▶ _EXERCISE_
Your task is to retype the lines from the opening of the material through the line that includes "No. 1000 20818". Do not copy the pictures.

▶ _DATA FOR ANALYSIS_
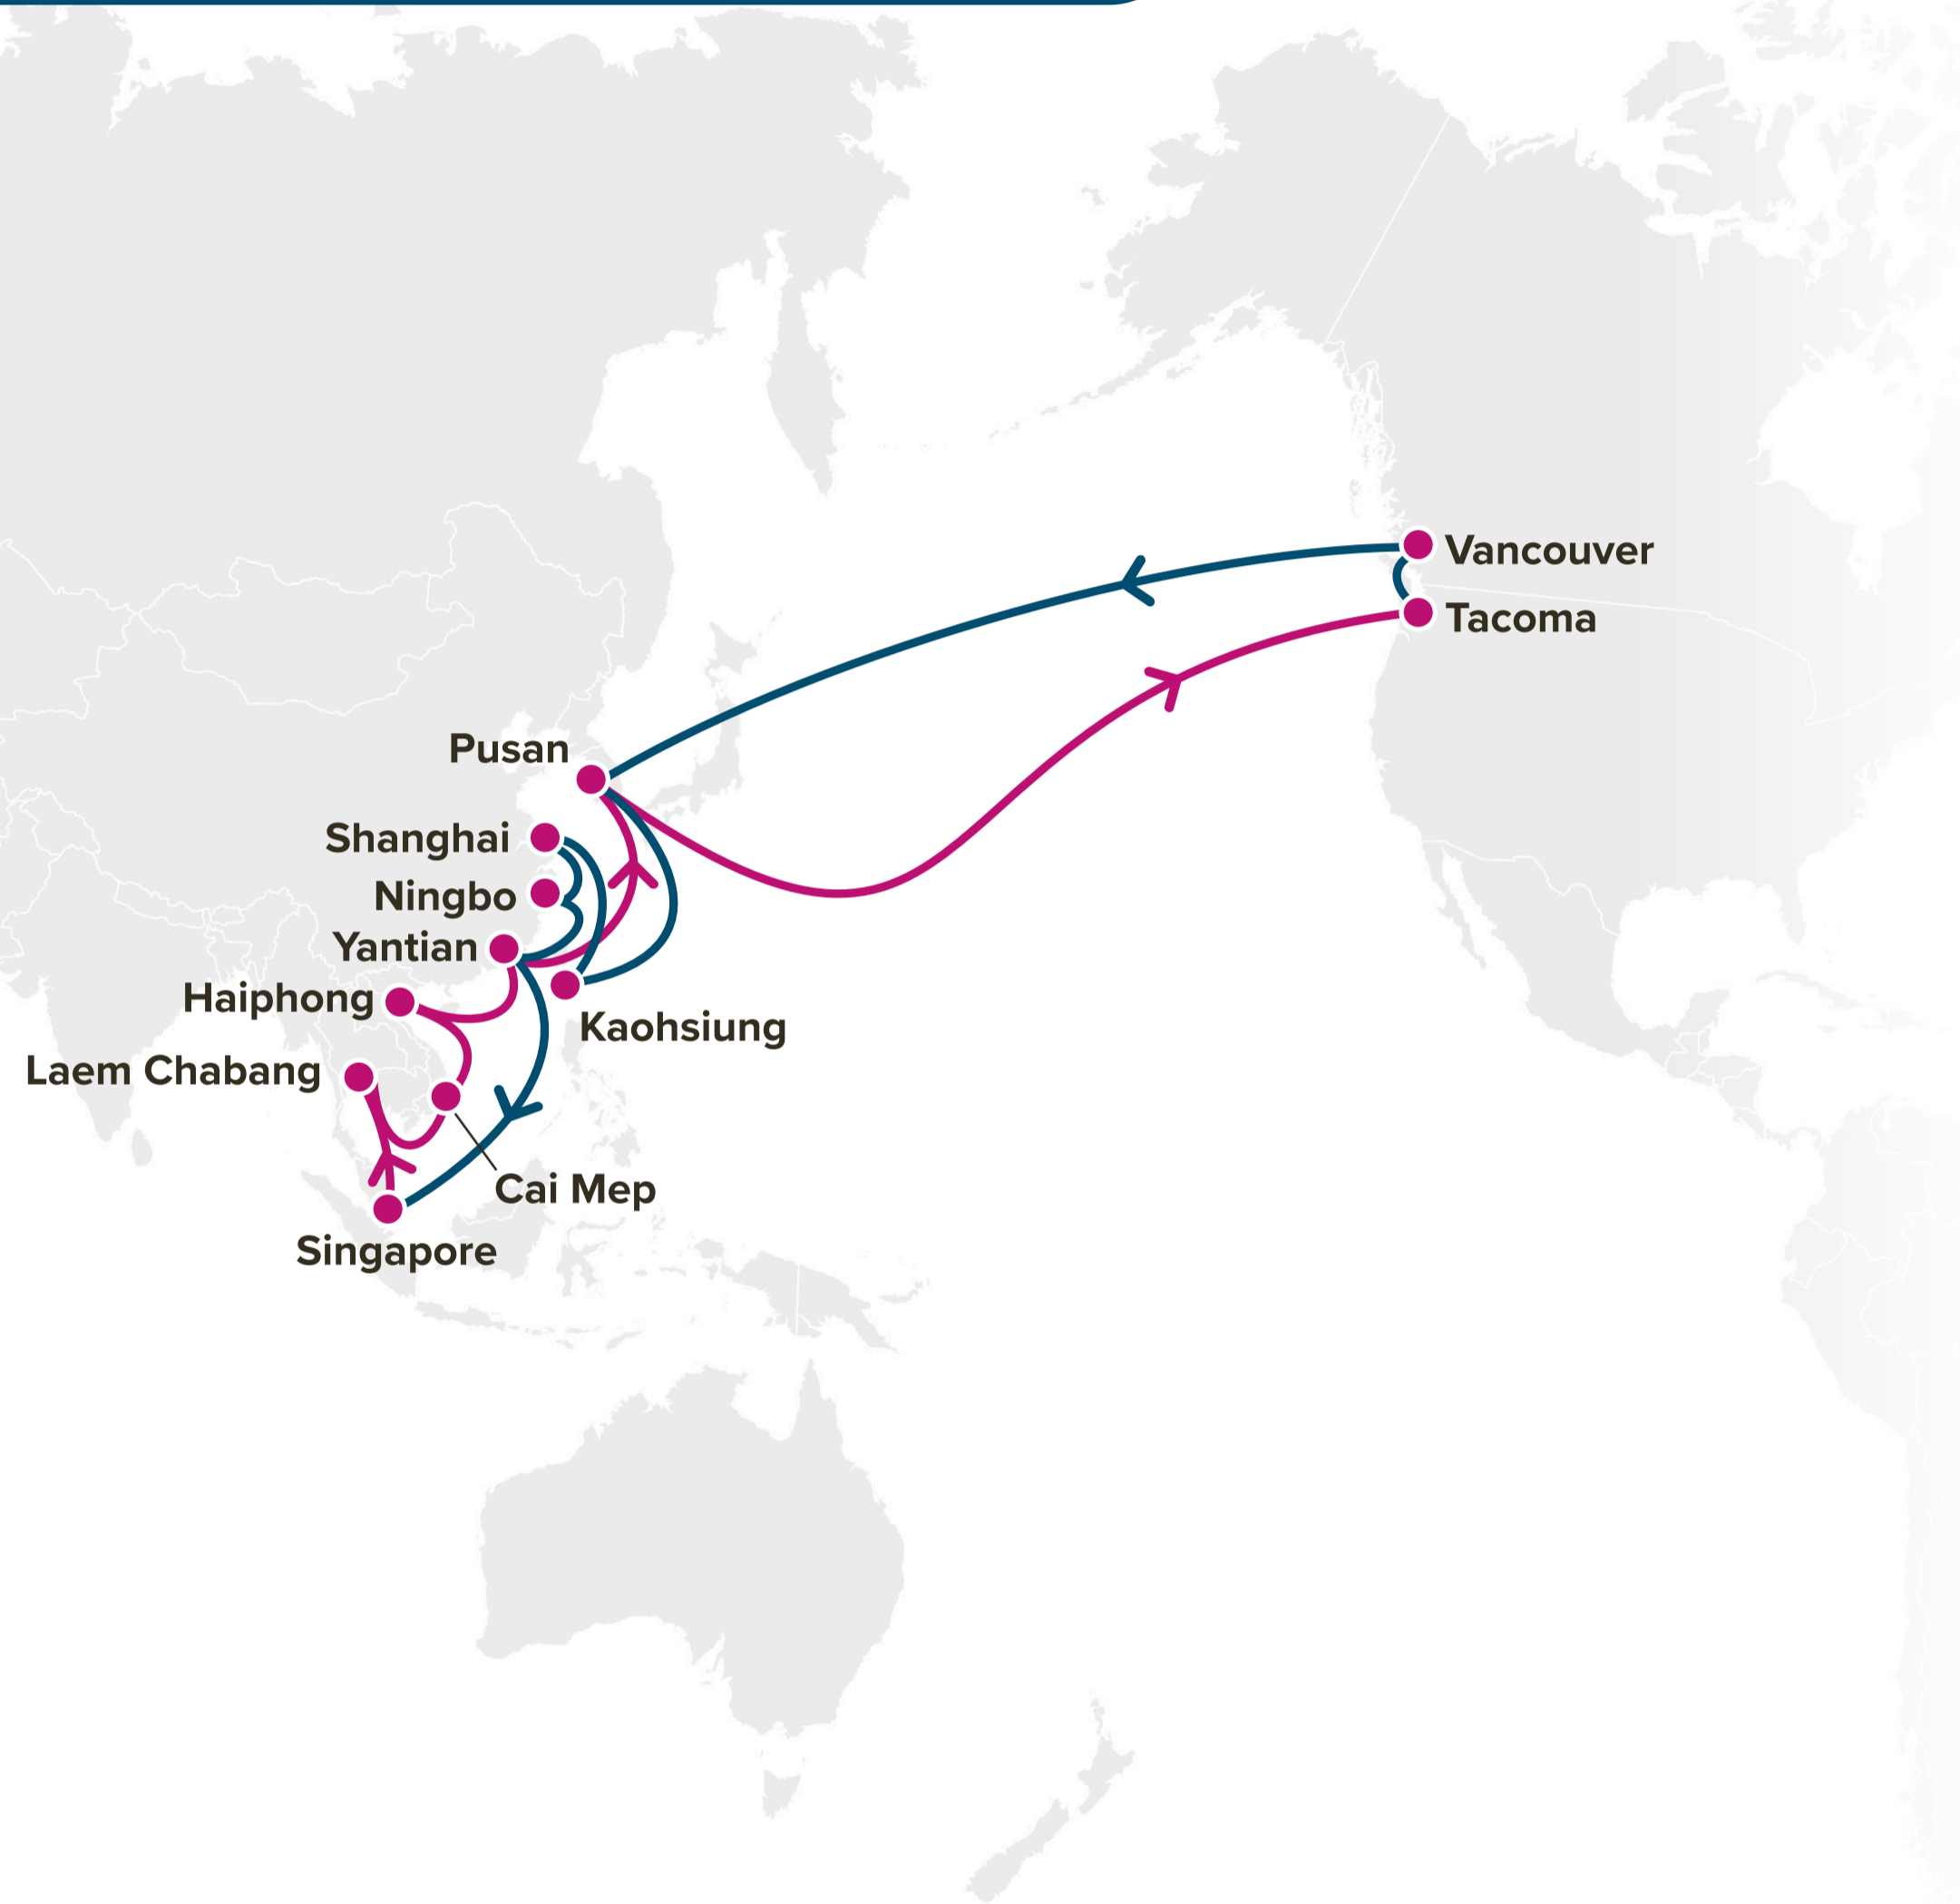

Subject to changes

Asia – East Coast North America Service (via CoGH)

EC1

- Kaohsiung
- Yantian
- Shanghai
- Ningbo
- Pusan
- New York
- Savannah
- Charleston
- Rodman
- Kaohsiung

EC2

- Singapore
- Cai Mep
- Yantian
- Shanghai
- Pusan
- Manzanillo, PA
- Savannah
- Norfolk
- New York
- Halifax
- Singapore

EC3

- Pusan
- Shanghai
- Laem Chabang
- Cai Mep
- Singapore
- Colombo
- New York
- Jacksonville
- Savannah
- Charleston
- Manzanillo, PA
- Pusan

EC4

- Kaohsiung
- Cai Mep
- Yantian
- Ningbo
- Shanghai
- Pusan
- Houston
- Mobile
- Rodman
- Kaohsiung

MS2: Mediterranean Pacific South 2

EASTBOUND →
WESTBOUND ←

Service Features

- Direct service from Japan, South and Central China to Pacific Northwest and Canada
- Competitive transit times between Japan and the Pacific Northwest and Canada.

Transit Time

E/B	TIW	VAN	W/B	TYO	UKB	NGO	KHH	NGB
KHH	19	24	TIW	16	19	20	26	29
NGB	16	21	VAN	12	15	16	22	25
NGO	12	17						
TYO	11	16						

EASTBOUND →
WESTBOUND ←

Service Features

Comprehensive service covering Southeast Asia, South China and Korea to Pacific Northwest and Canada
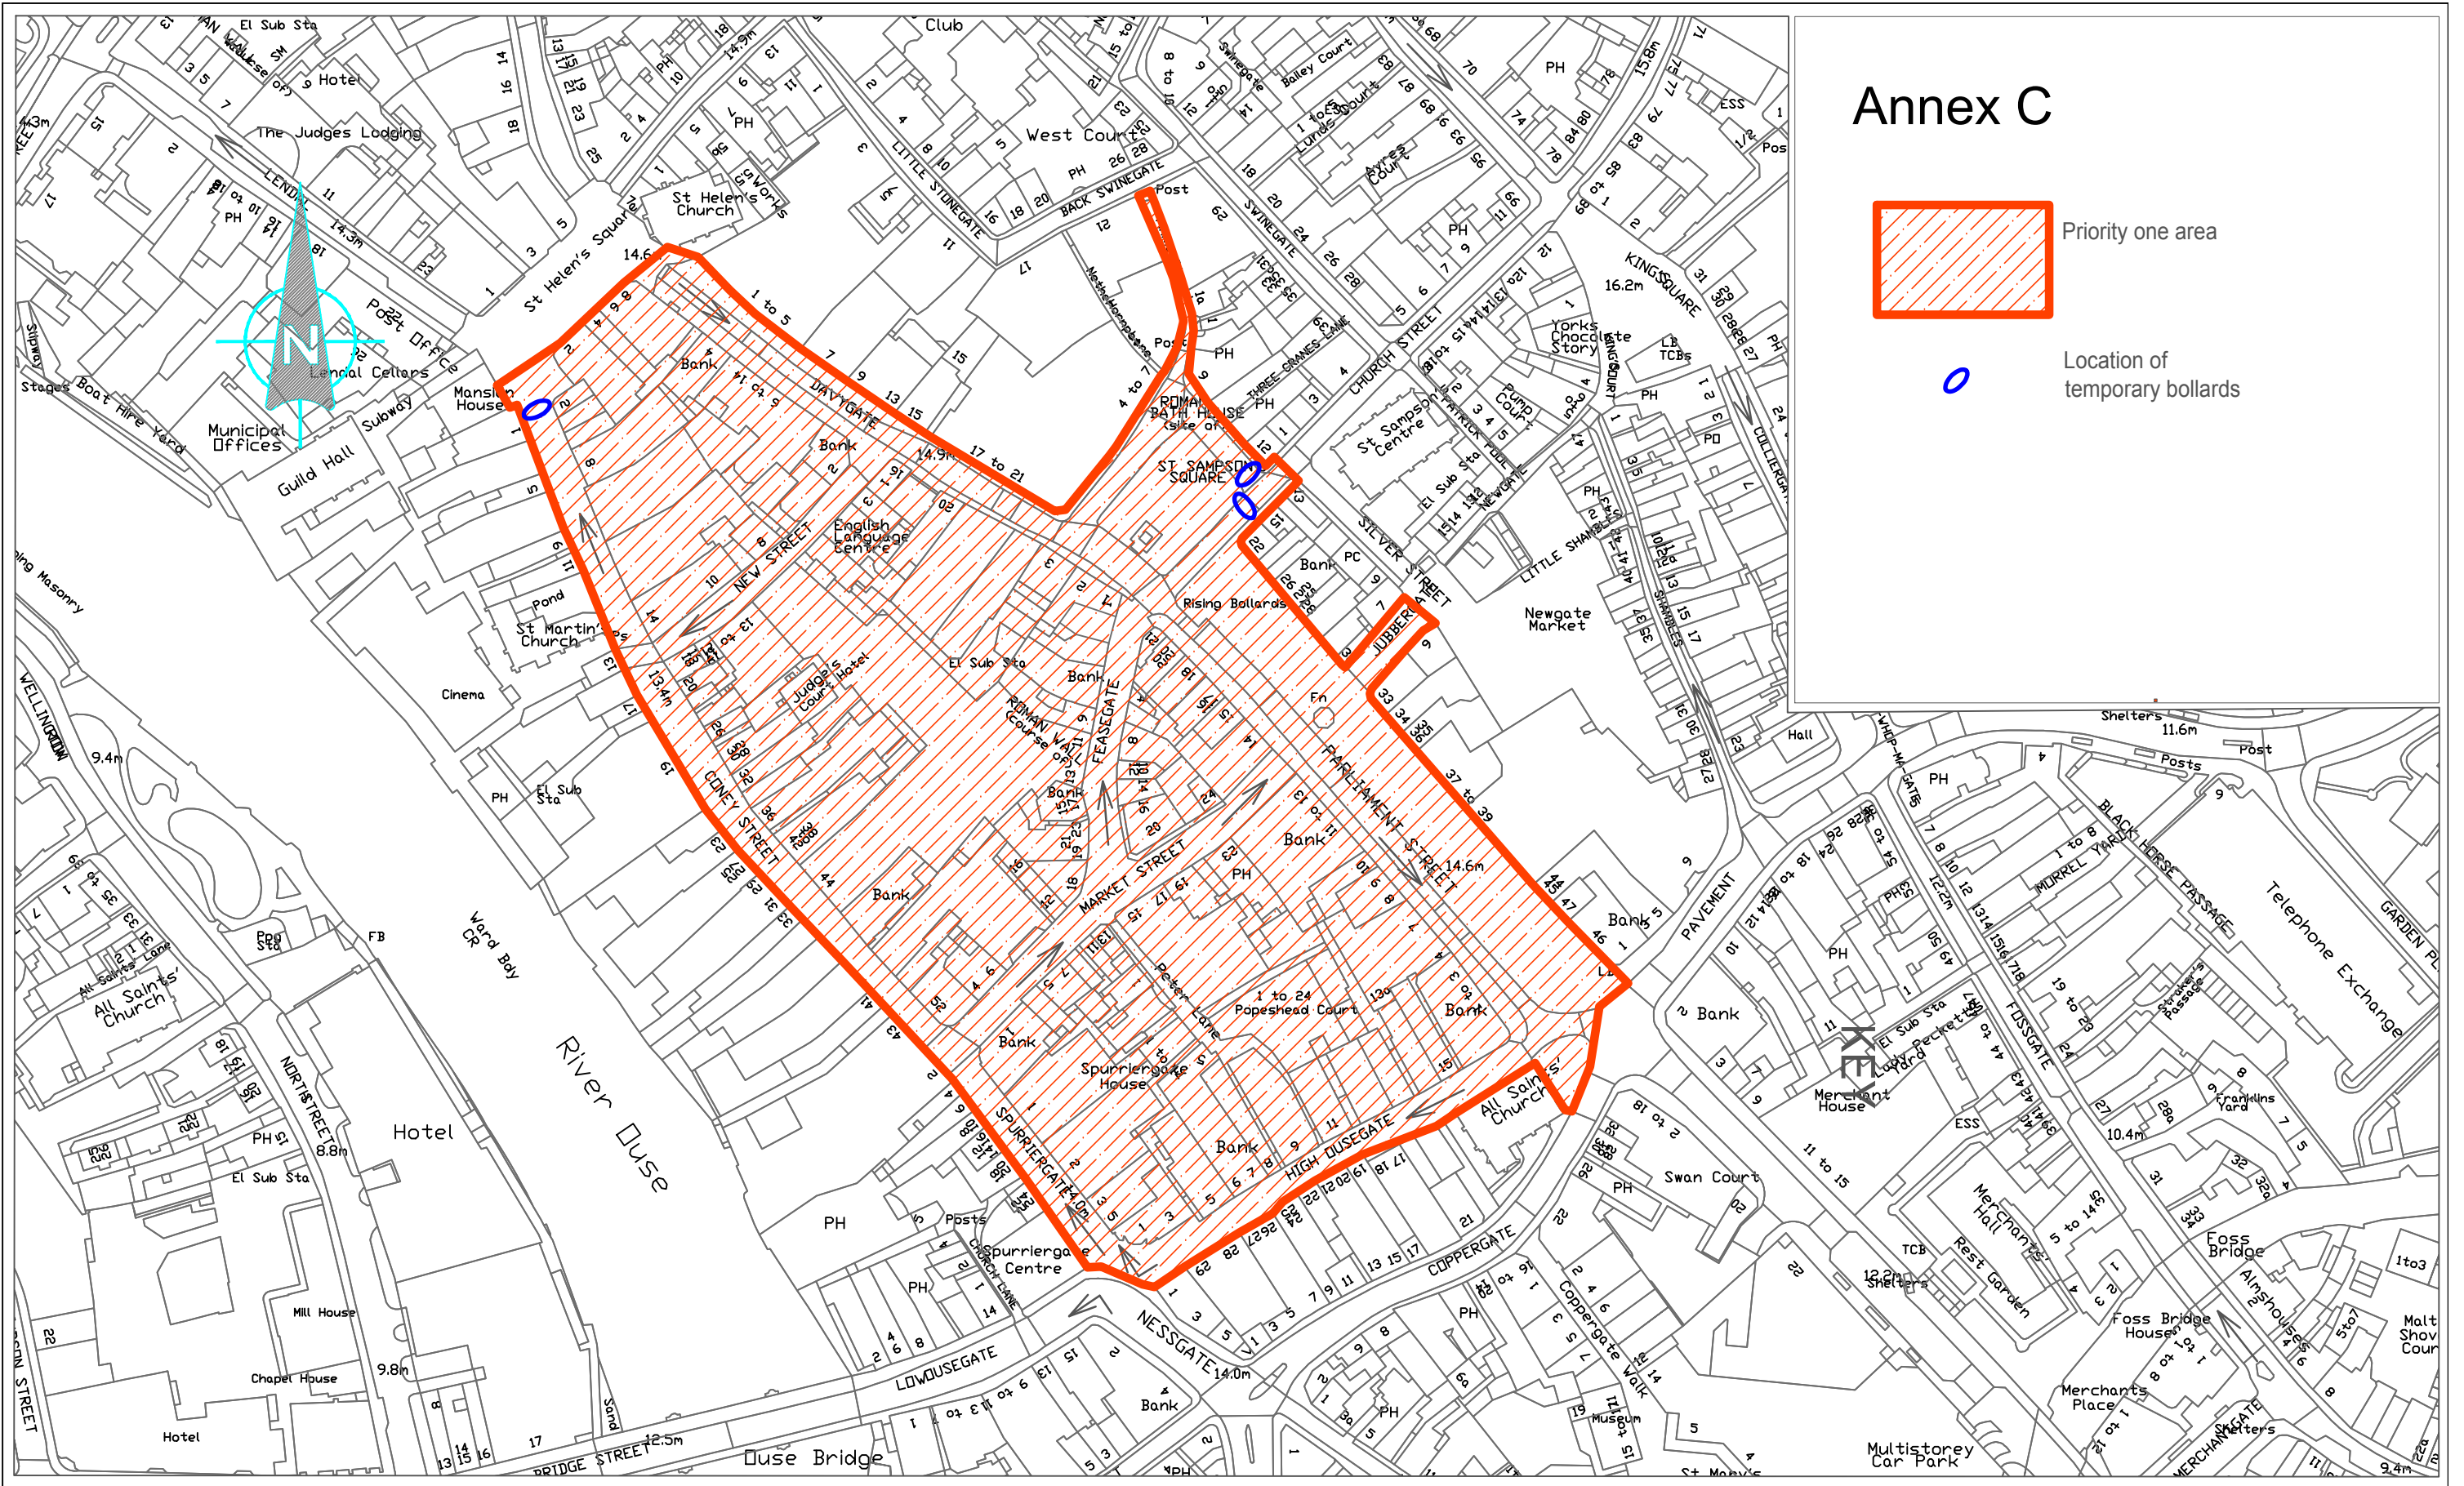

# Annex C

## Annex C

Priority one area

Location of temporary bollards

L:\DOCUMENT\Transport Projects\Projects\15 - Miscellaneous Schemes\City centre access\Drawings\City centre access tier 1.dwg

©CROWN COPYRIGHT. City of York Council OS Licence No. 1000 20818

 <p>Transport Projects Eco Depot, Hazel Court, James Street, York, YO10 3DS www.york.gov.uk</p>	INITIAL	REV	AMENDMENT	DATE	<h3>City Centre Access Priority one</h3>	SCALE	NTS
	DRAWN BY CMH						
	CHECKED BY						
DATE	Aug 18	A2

▶ _RESPONSE TO THIS EXERCISE_
Subject to changes

Asia – East Coast North America Service (via CoGH)

EC1

- Kaohsiung
- Yantian
- Shanghai
- Ningbo
- Pusan
- New York
- Savannah
- Charleston
- Rodman
- Kaohsiung

EC2

- Singapore
- Cai Mep
- Yantian
- Shanghai
- Pusan
- Manzanillo, PA
- Savannah
- Norfolk
- New York
- Halifax
- Singapore

EC3

- Pusan
- Shanghai
- Laem Chabang
- Cai Mep
- Singapore
- Colombo
- New York
- Jacksonville
- Savannah
- Charleston
- Manzanillo, PA
- Pusan

EC4

- Kaohsiung
- Cai Mep
- Yantian
- Ningbo
- Shanghai
- Pusan
- Houston
- Mobile
- Rodman
- Kaohsiung

MS2: Mediterranean Pacific South 2

EASTBOUND →
WESTBOUND ←

Service Features

- Direct service from Japan, South and Central China to Pacific Northwest and Canada
- Competitive transit times between Japan and the Pacific Northwest and Canada.

Transit Time

E/B	TIW	VAN	W/B	TYO	UKB	NGO	KHH	NGB
KHH	19	24	TIW	16	19	20	26	29
NGB	16	21	VAN	12	15	16	22	25
NGO	12	17						
TYO	11	16						

EASTBOUND →
WESTBOUND ←

Service Features

Comprehensive service covering Southeast Asia, South China and Korea to Pacific Northwest and Canada

# Annex C

## Annex C

Priority one area

Location of temporary bollards

L:\DOCUMENT\Transport Projects\Projects\15 - Miscellaneous Schemes\City centre access\Drawings\City centre access tier 1.dwg

©CROWN COPYRIGHT. City of York Council OS Licence No. 1000 20818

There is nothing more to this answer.